On May 28, 2025, Pritesh Damani, the Company’s Chief Technology Officer, entered into a 10b5-1 trading plan (the “Plan”), which is intended to satisfy the affirmative defense of Rule 10b5-1(c), for the sale of up to 1,249,212 Common Shares. The first sale of Common Shares will not take place until at least September 26, 2025. The Plan end date is March 31, 2026. Under the Plan, Mr. Damani will relinquish control over the sale transactions.
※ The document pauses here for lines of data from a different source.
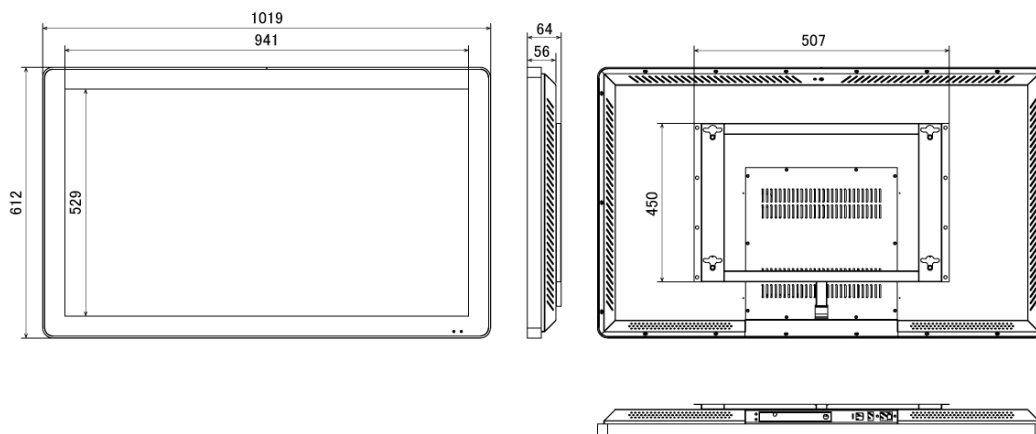

## ■ 技術仕様

画面サイズ	43型
有効表示領域	941×529mm
表示画素数	1920×1080 16:9ワイド
輝度	700cd/m <sup>2</sup>
対応メモリ機器	USB 2.0
動画 (コンテナ)	AVI、MP4、MPEG
動画 (動画コーデック)	H.264 (1080p)、MPEG-1 (1080p)、MPEG-2 (1080p)、MPEG-4 (1080p)、MP4 (1080p)、AVI (1080p)、WMV (1080p)、DIV (1080p)、MOV (1080p)、TS (1080p)、TRP (1080p)、MKV (1080p)、RM (1080p)、RMVB (1080p)
動画 (音声コーデック)	MP3
音声データ (コンテナ)	—
音声データ (コーデック)	—
静止画データ	JPEG (1920×1080)、BMP (1920×1080)
プログラム/データ	—
OSD言語	日本語、韓国語、英語
写真再生モード	自動・スライドショー、写真回転機能
オーディオ出力	内蔵スピーカー
映像入力	HDMI×1、VGA×1
電源	100～220V
外形寸法	1019 (幅) ×612 (高) ×64 (奥) mm
付属品	本体、リモコン、ブラケット

■ 寸法図

単位 mm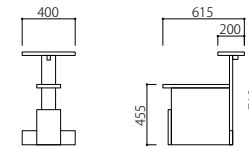

## Material

座 / リノリウム  
本体 / ポプラ合板

座色 / 本体色

1.

1.

1.

W400xD615xSH455xH710

W301-KN	W301-DN	W301-GN
座 / ブラック	座 / ダークブラウン	座 / グリーン
本体 / ナチュラル	本体 / ナチュラル	本体 / ナチュラル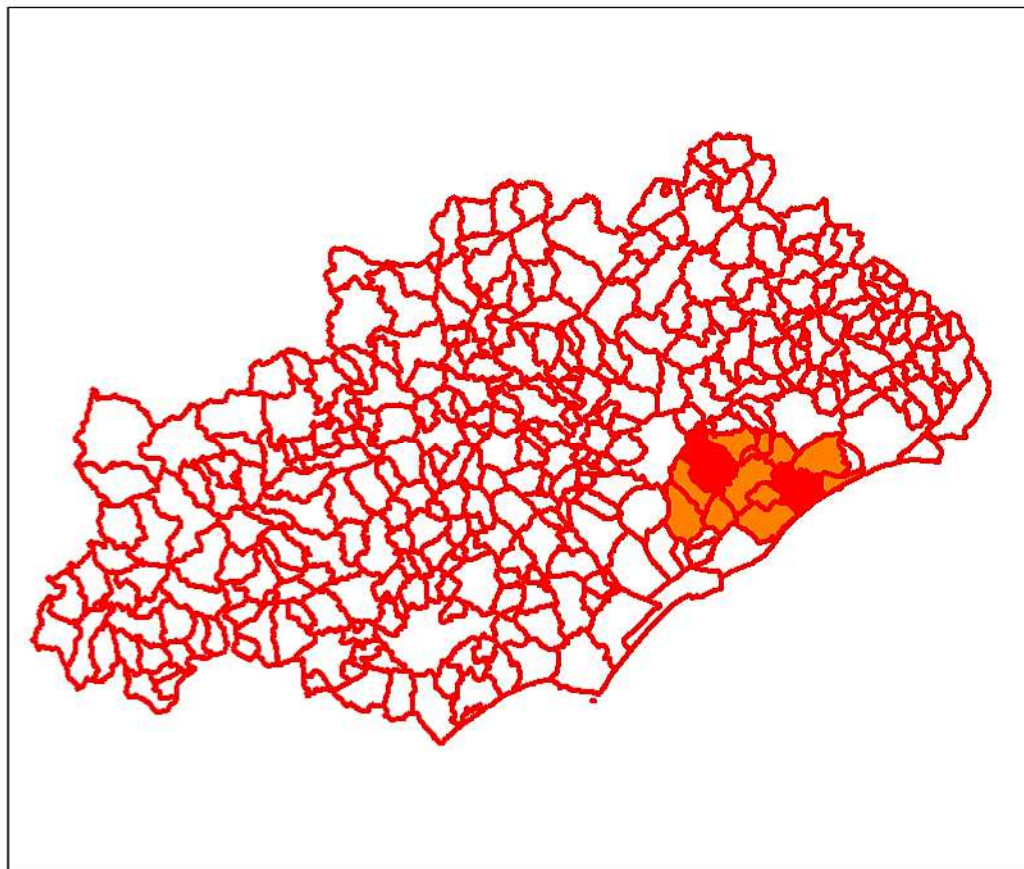

Carte de vigilance de l'espèce Lapin de garenne (janvier 2016)

Carte de vigilance pour l'espèce lapin (janvier 2016)

Communes sans vigilance particulière

Communes à vigilance

FABREGUES, GIGEAN, LATTES, LAVERUNE, MIREVAL, MONTBAZIN, PALAVAS-LES-FLOTS
MONTBAZIN, PIGNAN, POUSSAN, SAUSSAN, SAINT-JEAN-DE-VEDAS, VIC-LA-GARDIOLE

(= Captures d'une durée de 3 mois,
relâcher interdit sauf sur garrigues)

Communes à dégâts avérés

COURNONTERRAL, COURNONSEC et VILLENEUVE-LES-MAGUELONE

(= Autorisations de captures d'une durée de 6 mois,
interdiction de relâcher sur toute la commune,
prolongation chasse au lapin jusqu'au 29 février 2016)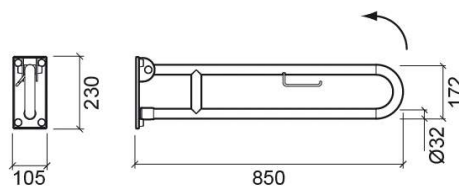

# Barre d'appui rabattable WcCare 83 avec porte-papier - Blanc

Réf. 4806400

Código EAN. 5604815805925

## Informations Techniques

Longueur: 850 mm

Largeur: 105 mm

Hauteur: 230 mm

Poids: 4.10 kg

Collection: WcCare

Type de produit: Mobilité réduite

Matériel: Fer zingué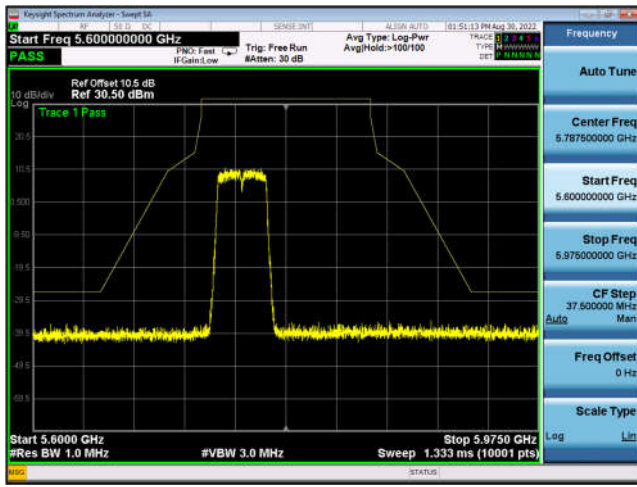

U-NII-3 ,Plot 1,Band Edge-802.11n(40M Hz),5795MHz,Ant0

U-NII-3 ,Plot 1,Band Edge-802.11n(40M Hz),5755MHz,Ant0

Accordingly, sales under the Plan may occur at any time, including possibly before, simultaneously with, or immediately after significant events involving the Company.
Flyhomes, Inc. Acquisition and Equity Investment
On June 30, 2025, the Company purchased preferred shares of Flyhomes, Inc. (“Flyhomes”) for $2.25 million, representing approximately a 2.3% ownership interest in Flyhomes. Flyhomes is a wholesale mortgage lender focused on modern home financing solutions.
On July 1, 2025, the Company acquired the AI-powered consumer home search portal and related technology assets of Flyhomes for $3.25 million.
OTHER EVENTS
On April 24, 2025, the Company announced the promotion of Ravi Jani to Chief Financial Officer, effective immediately. Mr. Jani succeeded Michelle Ressler as CFO. Ms. Ressler’s employment with the Company was terminated based on the Company’s opinion that she engaged in actions that violated Company policies related to personal expenses. While the Company’s review of Ms. Ressler’s actions is ongoing, the Company does not believe that the actions of the former CFO had any material impact on the Company’s previously issued financial statements.
ADDITIONAL INFORMATION
These documents, the Company’s Annual Information Form for the year ended December 31, 2024, as well as additional information regarding Real, have been filed electronically on Real’s website at www.onereal.com and is available on SEDAR+ under the Company’s profile at www.sedarplus.com.